Paul Romer's OpEd in the Wall Street Journal

Writing in The Wall Street Journal, Paul Romer, Marron Institute faculty affiliate and recipient of the 2018 Nobel Prize for economics, offers the 116th Congress three suggestions for improving science and innovation. The first involves fostering what Romer calls scientific infrastructure:

The U.S. has done it in the past, showing that investments in science today can result in critical economic infrastructure tomorrow. For example, the Defense Advanced Research Projects Agency laid the foundation for the internet, which now powers the modern economy. Now this infrastructure needs to be maintained and improved to facilitate new innovations.

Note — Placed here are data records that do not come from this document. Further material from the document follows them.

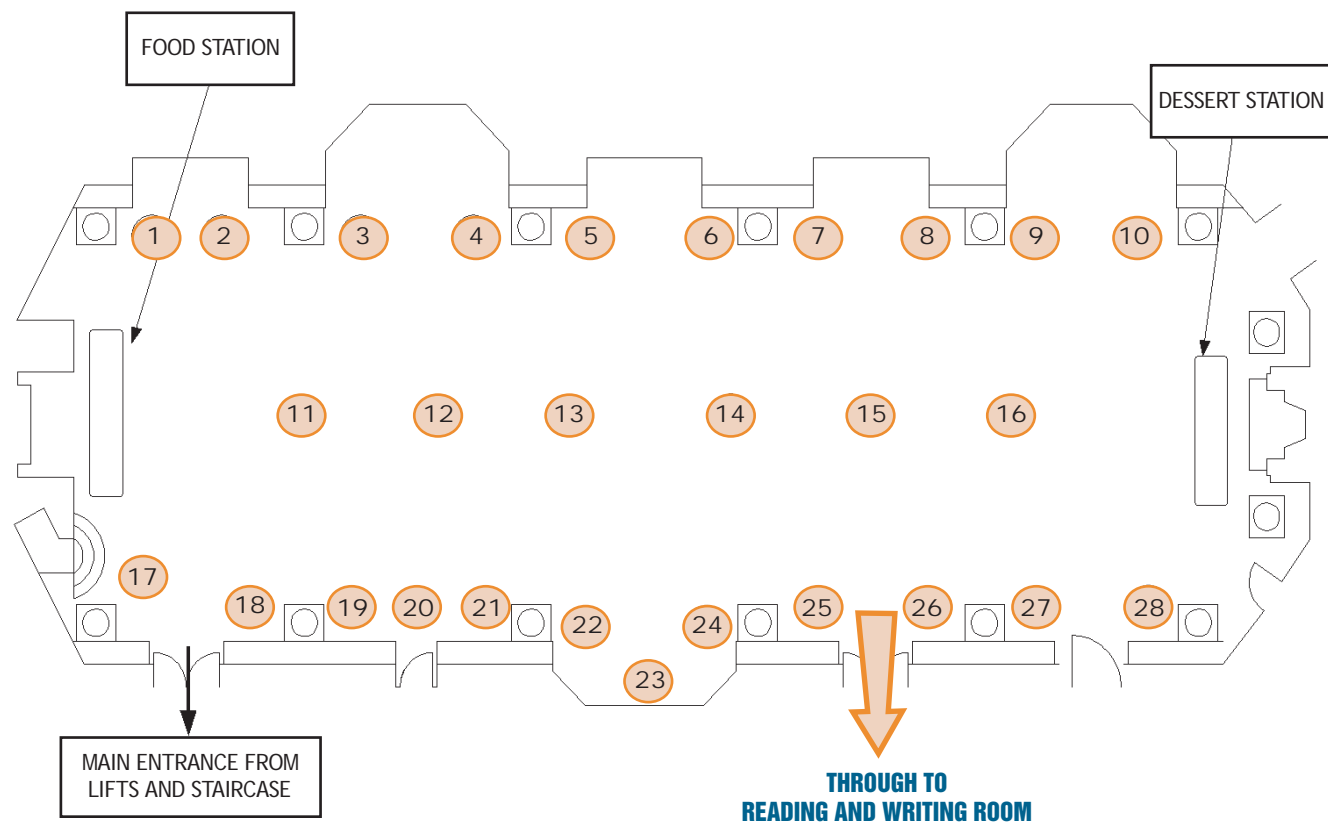

THE WESTMINSTER COLLECTION 'EARLY BIRD SHOWCASE' FLOOR PLAN

One Whitehall Place - London

DATE: 8 Feb 2011

TIME: 4pm-7:30pm

GLADSTONE LIBRARY

1. 116 Pall Mall - Home of the Institute of Directors
2. 28 Portland Place
3. 76 Portland Place
4. 8 Northumberland
5. 86 St. James
6. BAFTA
7. Banqueting House
8. Bateaux London
9. British Academy
10. Broadway House

11. Cavendish Conference Centre
12. Central Hall Westminster
13. Chandos House
14. Church House Conference Centre
15. Churchill War Rooms
16. Cinnamon Club, The
17. Mint Hotel Westminster
18. Grange Rochester Hotel
19. HQS Wellington
20. Kent House Knightsbridge

21. Naval and Military Club
22. No. 4 Hamilton Place
23. No.11 Cavendish Square
24. Number 45 Millbank
25. One Birdcage Walk
26. One Great George Street
27. One Queen Anne's Gate
28. One Whitehall Place

THE WESTMINSTER COLLECTION 'EARLY BIRD SHOWCASE' FLOOR PLAN

One Whitehall Place - London

DATE: 8 Feb 2011

TIME: 4pm-7:30pm

READING & WRITING ROOM

- | | |
|--|---|
| 29. One Wimpole Street - The Royal Society of Medicine | 41. St Martin-in-the-Fields |
| 30. Queen Elizabeth II Conference Centre | 42. St. Stephen's Club |
| 31. RICS | 43. The Caledonian Club |
| 32. Royal College of Surgeons | 44. The Chesterfield Mayfair Hotel |
| 33. Royal Courts of Justice | 45. The Commonwealth Club |
| 34. Royal Horticultural Halls and Conference Centre | 46. The Goring Hotel |
| 35. Royal Institution of Great Britain | 47. The London Library |
| 36. Royal Institute of British Architects | 48. The Private Rooms at 51 Buckingham Gate |
| 37. Royal Society | 49. The UK Supreme Court |
| 38. RSA House | 50. The Victory Services Club |
| 39. Sixty One Whitehall | |
| 40. St. Ermins Hotel | |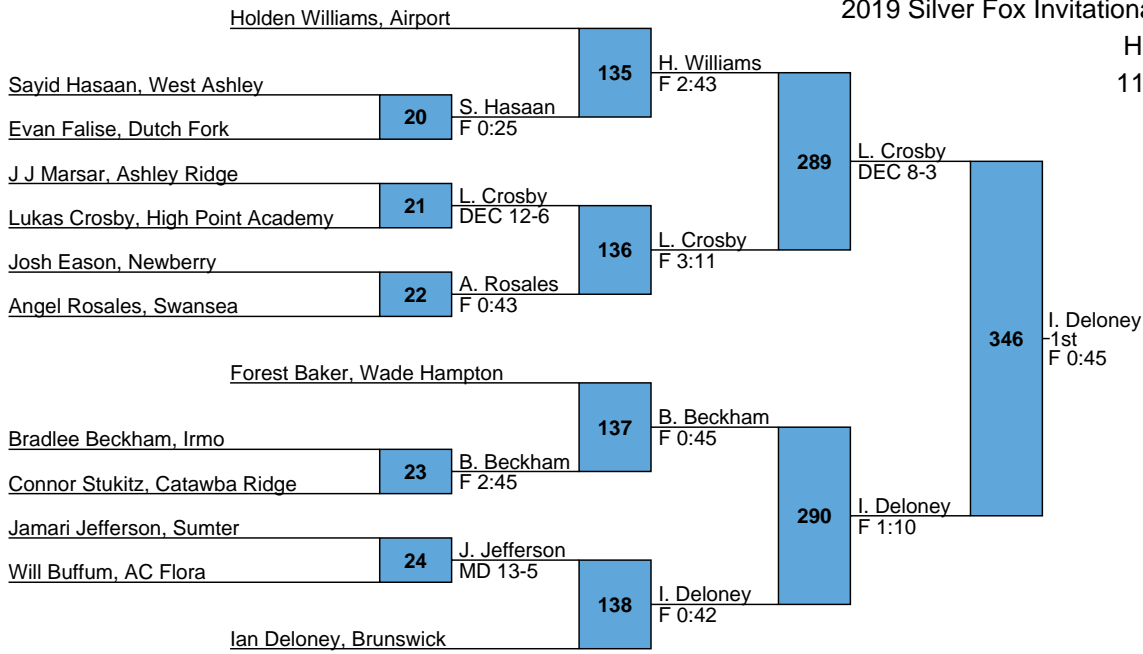

<u>Place</u>	<u>Team</u>	<u>Points</u>	<u>1</u>	<u>2</u>	<u>3</u>	<u>4</u>	<u>5</u>	<u>6</u>
1	Brunswick	250.5	5	3	1	2		
2	Ashley Ridge	155.5	1	2	1			5
3	Woodruff	139	1	2	3		1	1
4	Blythewood	117		1	3	1	1	
5	Irmo	100	2			2		
6	Swansea	97		2		1	1	1
7	Sumter	93	1		1	1		
8	High Point Academy	92	1	1	1		1	
9	Bamberg-Earhardt	86.5	1	1	1			2
10	Dutch Fork	79.5	1			2		
11	Timberland	77		1			2	2
12	Airport	68.5			1			3
13	West Ashley	67			1			2
14	Columbia	62.5				1	1	2
15	Wade Hampton	59				2		
16	Heathwood Hall	57.5			1	1	1	
17	Mid-Carolina	44	1					
18	Lakewood	26						1
19	Newberry	25		1				
19	Ridge View	25				1		
21	Spring Valley	23					1	
22	Catawba Ridge	21						
23	AC Flora	19						
24	Orangeburg Prep	12						
25	Orangeburg-Wilkinson	8						

2019 Silver Fox Invitational

HS

106

2019 Silver Fox Invitational

HS  
113

2019 Silver Fox Invitational

HS

120

2019 Silver Fox Invitational

HS  
126

L297 T. Ginn  
L298 M. Roberts  
350  
M. Roberts 3rd  
DEC 3-1

2019 Silver Fox Invitational

HS  
132

L301 J. Stembridge  
L302 D. Pitts 3rd  
353 F 3:00

2019 Silver Fox Invitational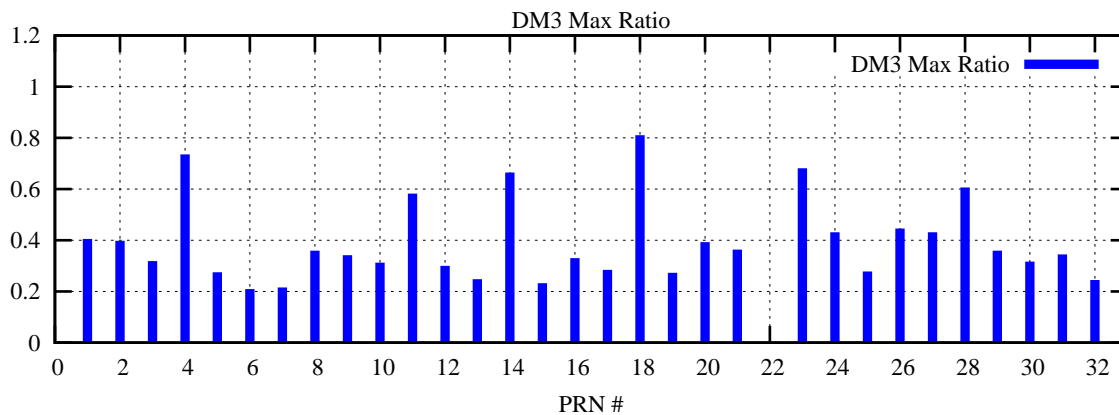

Ratio (PRN Bias/Threshold)

GpsWeek 2255 Day 6

Skinny (Type 0): PRN 8 22
Broad (Type 2): PRN 7 15 17 21 24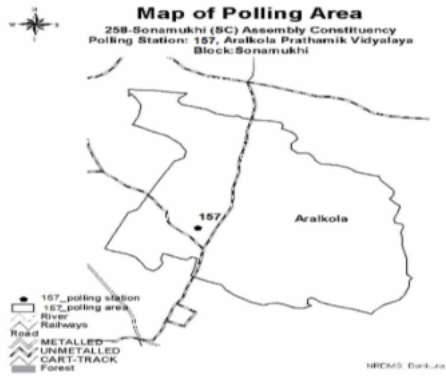

Nazri Naksha

Google Map View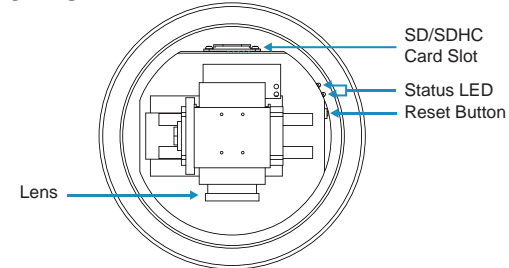

Seamless Protection for Private Areas

Unlike conventional privacy masks, the coverage of SD7313/7323's 3D privacy mask changes with the camera movement so as to fully protect sensitive information or areas. When zooming in and out, the privacy mask will enlarge and shrink respectively. As a result, private areas can be completely sheltered even when the camera pans, tilts, and zooms.

Normal

3D Privacy Mask After Zoom In

Strong Video Access Protection

SD7313/7323 supports the 802.1X standard that authenticates the identity of each user requesting to access video images. This function prevents unauthorized or unauthenticated users from accessing important video data, providing a higher level of data security.

Physical Description

Internal View

Connectors

Pan range: 360° Continuous Rotation
Tilt range: 0°~90° Flip

Product Features

- SONY Exview HAD CCD Sensor in D1 Resolution
- 35x Zoom Lens
- 360° Continuous Pan and 90° Tilt
- WDR (Wide Dynamic Range) for High Contrast Environments
- Removable IR-cut Filter for Day & Night Function
- Weather-proof IP66-rated Housing
- EIS (Electronic Image Stabilizer) for the Ultimate Video Experience
- 3D Privacy Masks for Private Area Protection
- Real-time MPEG-4 and MJPEG Compression (Dual Codec)
- Supports Dual Streams Simultaneously
- 802.1X Port-based Authentication for Network Protection
- Supports 3GPP Mobile Surveillance
- Two-way Audio via SIP Protocol
- Built-in SD/SDHC Card Slot for On-board Storage

Congress can help without any additional spending by letting recipients of research grants use those funds to support open-source projects, which make their blueprints publicly available. Recipients can already use grant funds to buy commercial software; freeing them up to help open-source initiatives would even the playing field.

Romer's second recommendation is for Congress to extend scientific transparency in the private sector:

It could draw on the principles that guided the design of our patent system; the law protects a private right to charge for the use of a discovery, but mandates public disclosure of its details so others can learn from it.

To see how this could work, consider hydraulic fracturing, or fracking, for oil and gas. Regulators in North Dakota forced firms to disclose how much water and sand they used to frack each well and how much oil it produced. This let a different firm drilling a well nearby select a better mixture for its well. Over time, the entire industry optimized the mix used in various geological conditions and substantially reduced costs.

Romer's final recommendation is to protect the independence of the government's scientific advisors, freeing them to pursue the facts:

The key is to set them apart from regulators, who rely on facts but must compromise to balance competing interests when they write regulations.

The National Transportation Safety Board is a model for this. After a transportation accident, the NTSB’s only job is to establish what happened. It can make recommendations, but has no power to implement them. Flight-safety regulations are the Federal Aviation Administration’s responsibility. This layer of separation protects both scientists and regulators.